Reid could have moved toward accountability by acknowledging that she wrote the posts, but instead, she fell back on the bizarre “I was hacked” excuse—which did not seem to be true. Reid walked back her claim on the April 28 episode of AM Joy, admitting that experts found no evidence of hacking. “I genuinely do not believe I wrote those hateful things because they are completely alien to me,” she said. “But I can definitely understand based on things I have tweeted and have written in the past why some people don’t believe me.” She also added that she has considerably evolved since the days of her blog, and she cares “deeply about LGBTQ, immigrants, people of color, and other marginalized groups.”
Her mea culpa fell far short for some viewers, but many of her colleagues, including Rachel Maddow, Nicole Wallace, and Ali Velshi, seemed to accept it.

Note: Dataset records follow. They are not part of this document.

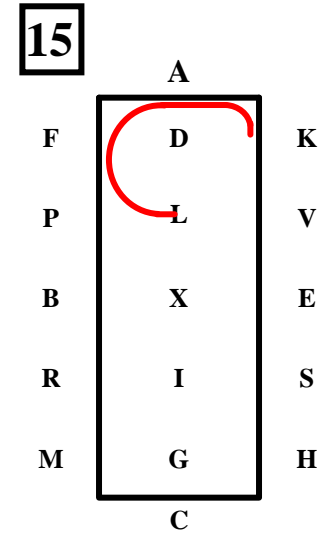

**A – L** Enter Working Trot.  
**L.....**Halt.....Salute

**LXMC....**Collected Trot.

**C – A .....**Working Trot.  
5 Loop Serpentine quarter line to quarter line.

**A - F...** Working Trot.  
**F –E...**Extended Trot.

**E....**Collected Trot.  
Circle Right 20  
Reins in one Hand

**EM ...**Extended Trot,  
reins in one hand

**MCHIX ...**Working Trot.

**X .....**Collected Trot.  
Reins on one hand.  
Circle left 15m,  
Circle left 20m.

**XF.....**Extended Trot.  
**FAK...**Working Trot.

**KV.....**Collected Trot  
**VH....**Reins in one hand,  
..10m deviation.

**HCI**...Working Trot,  
Loop right 30m

**I** .....Halt 10 seconds.

**I – L** ....Walk; 40m half circle.  
**HALT**...Driver on centre line.

**L**.....Rein Back 3 metres

**LAK**...Working Trot,  
Loop right 30m

**KX**...Extended Trot.  
**XE**...Collected Trot 20 m  
half circle left

**EF**.... Extended Trot.  
**FAD**...Collected Trot

**DB** .....Walk.
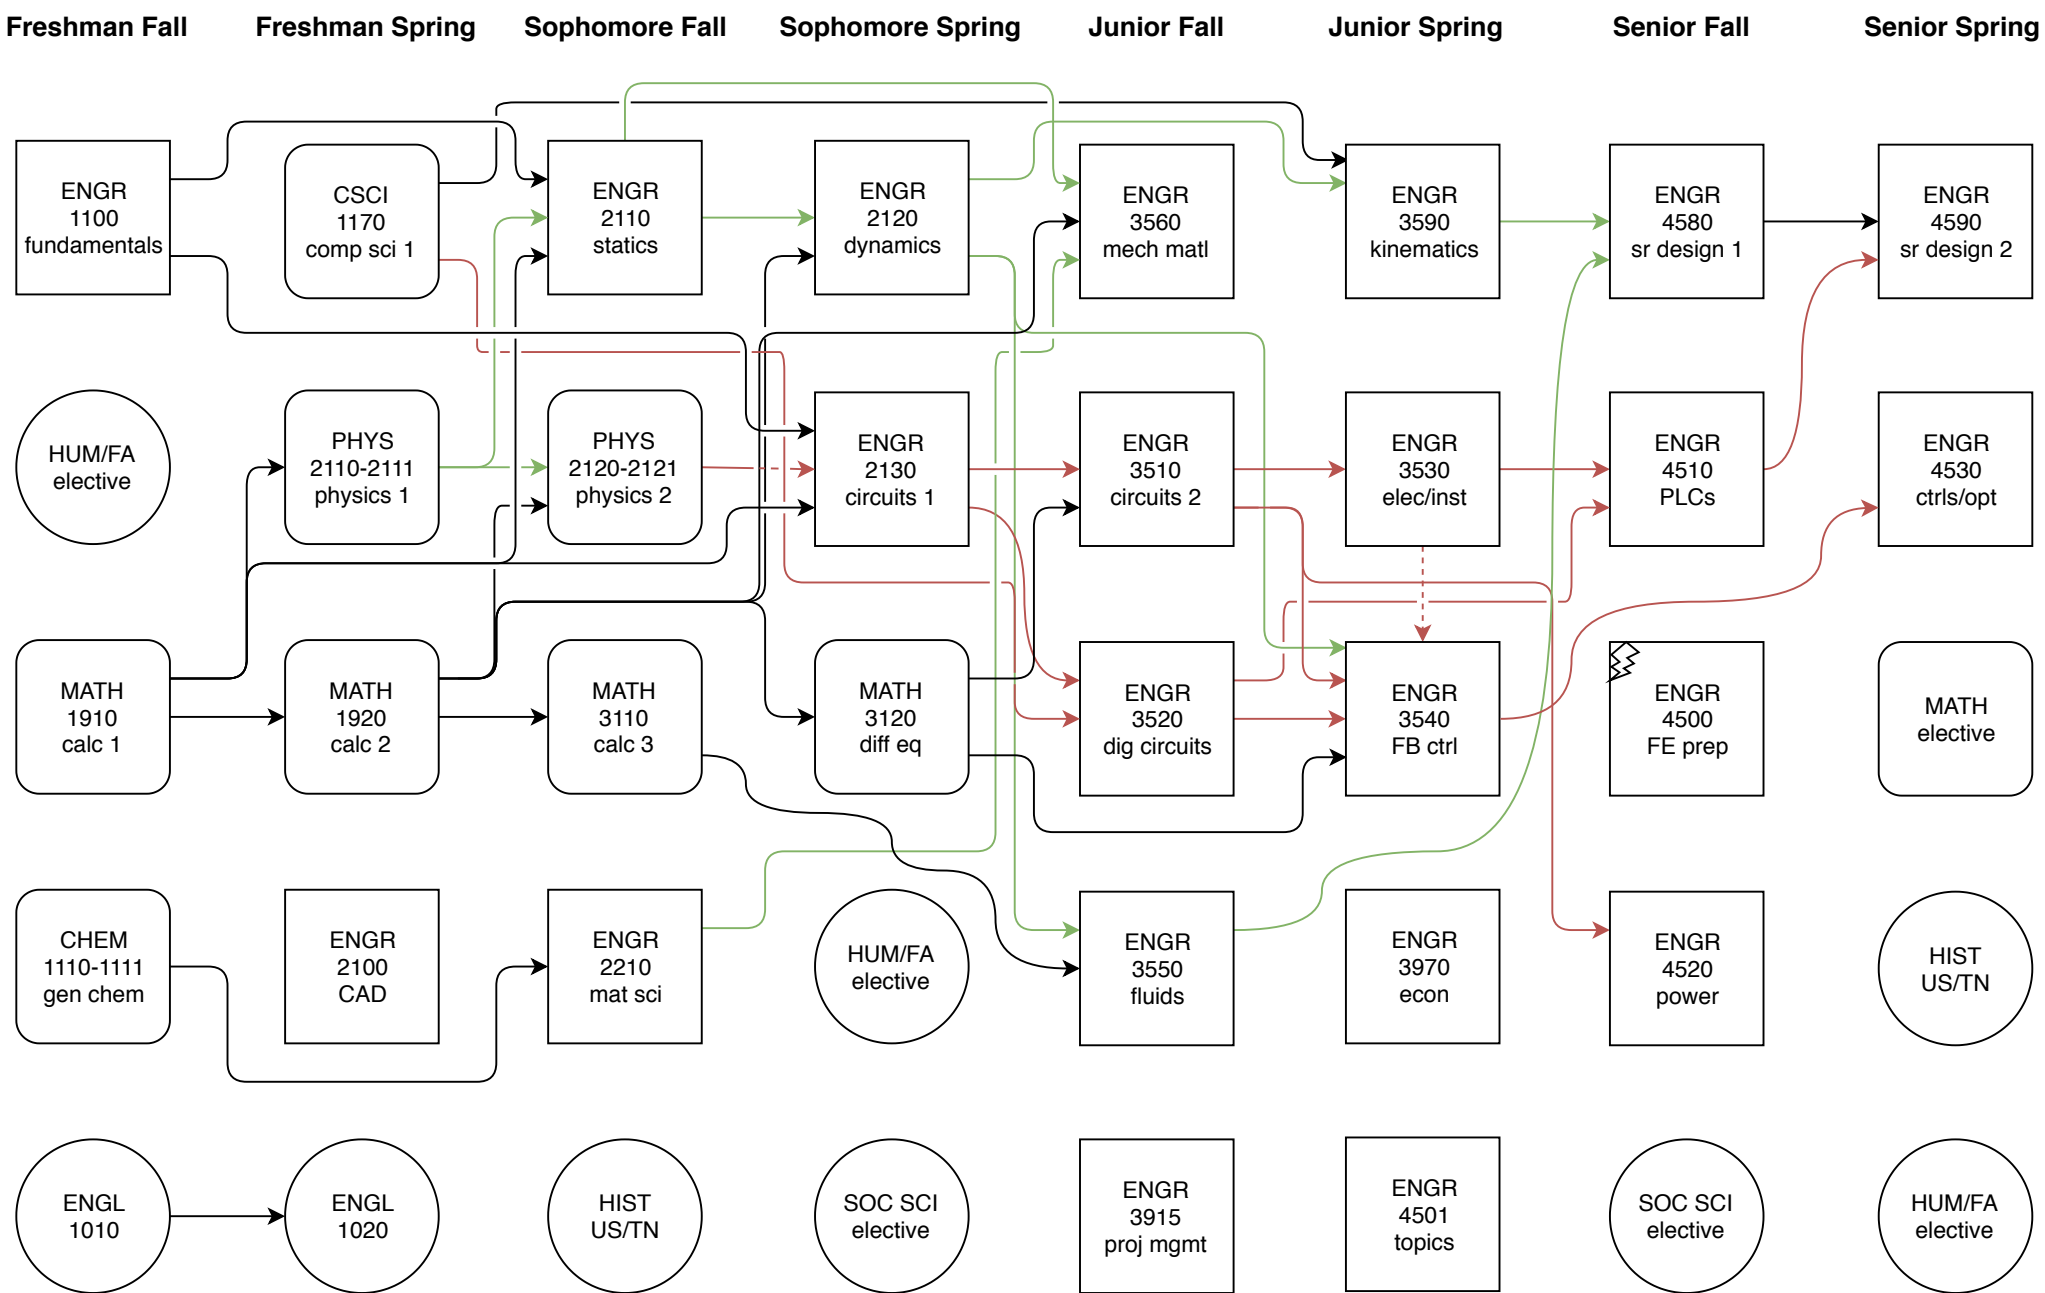

# MECHATRONICS ENGINEERING DEGREE FLOWCHART

2019-20

**Line Styles**

— prerequisite

- - - corequisite

⚡ all 3000's = prereqs

**Line Colors**

— mechanical

— electrical

— other

○ COMM 2200

**Shapes**

▭ engr course

▭ math/sci course

○ gen ed course
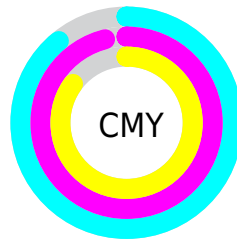

Details

The CIELab color **5.79, 14.78, -14.37** is a dark color, and the websafe version is hex **000033**. A complement of this color would be **12.99, -13.83, 14.33**, and the grayscale version is **6.05, 0.00, -0.00**.

A 20% lighter version of the original color is **25.80, 14.71, -14.37**, and **0.00, 0.00, 0.00** is the 20% darker color. If you saturate the color by 10%, you get **4.88, 15.80, -15.80**, and if you desaturate by 10%, it is **6.84, 13.34, -12.73**.

Distribution

- Red (11%)
- Green (4%)
- Blue (15%)

- Red (11%)
- Yellow (4%)
- Blue (15%)

- Cyan (24%)
- Magenta (71%)
- Yellow (0%)
- Black (85%)

- Cyan (89%)
- Magenta (96%)
- Yellow (85%)

Brightness & Saturation Gradients

These gradients show how the CIE Lab color 85.79, 14.78, -14.37 changes by changing the brightness by 10 percent. The first figure shows a shift by +10% for each color and the second figure -10%.

Similar to the brightness gradients but the following saturation gradients show a change of the CIE Lab color 85.79, 14.78, -14.37 by changing the saturation by 10% instead.
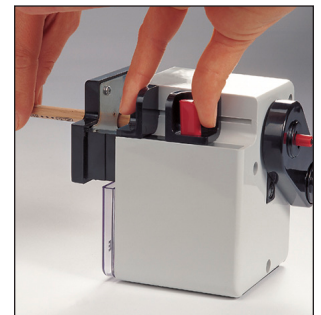

Automatic System pulls pencil in, then spins freely to prevent over-sharpening.

Specifications

Item	Description
166	Premium Rotary Sharpener
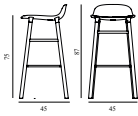

Form Barstool 75 cm Full Upholstery Walnut

Colli: 1
Size & Weight: H: 87 x W: 45 x D: 45 x SH: 75 cm - 4,1 kg
Packing: Brown Box - H: 94,5 x L: 49,5 x D: 48,5 cm - 5,3 kg
Material: Shell: Polypropylene, PU Foam, Legs: Walnut, Upholstery: See price groups.
Production time: 6 weeks

708091 Group 1	SEK	<i>Contract Price</i> 7.084,00
708092 Group 2	SEK	<i>Contract Price</i> 7.084,00
708093 Group 3	SEK	<i>Contract Price</i> 7.312,00
708094 Group 4	SEK	<i>Contract Price</i> 7.428,00
708095 Group 5	SEK	<i>Contract Price</i> 7.540,00
708096 Group 6	SEK	<i>Contract Price</i> 8.112,00
708097 Group 7	SEK	<i>Contract Price</i> 8.228,00

Some journalists feel compelled to close ranks around their own, especially in an era when the president is attacking the press. But that’s a mistake. Being a journalist shouldn’t exempt you from scrutiny by fellow members of the media. We owe it to each other to hold fellow journalists to the same high standards as everyone else or the integrity of our own work gets called into question. Talking about the bad things our friends do is uncomfortable—it’s also necessary.
This isn’t just about the decade-old posts. Reid also has a more recent history of making transphobic comments. For example, she called Ann Coulter a “drag queen” or “dude,” playing on the strangely popular and very transphobic leftist discourse of implying that women they don’t like are “men in dresses.” She also went on a strange gender-essentialist ramble about Chelsea Manning and publicly praised a Gawker piece about “Barack Obama’s Indonesian T*anny Nanny.”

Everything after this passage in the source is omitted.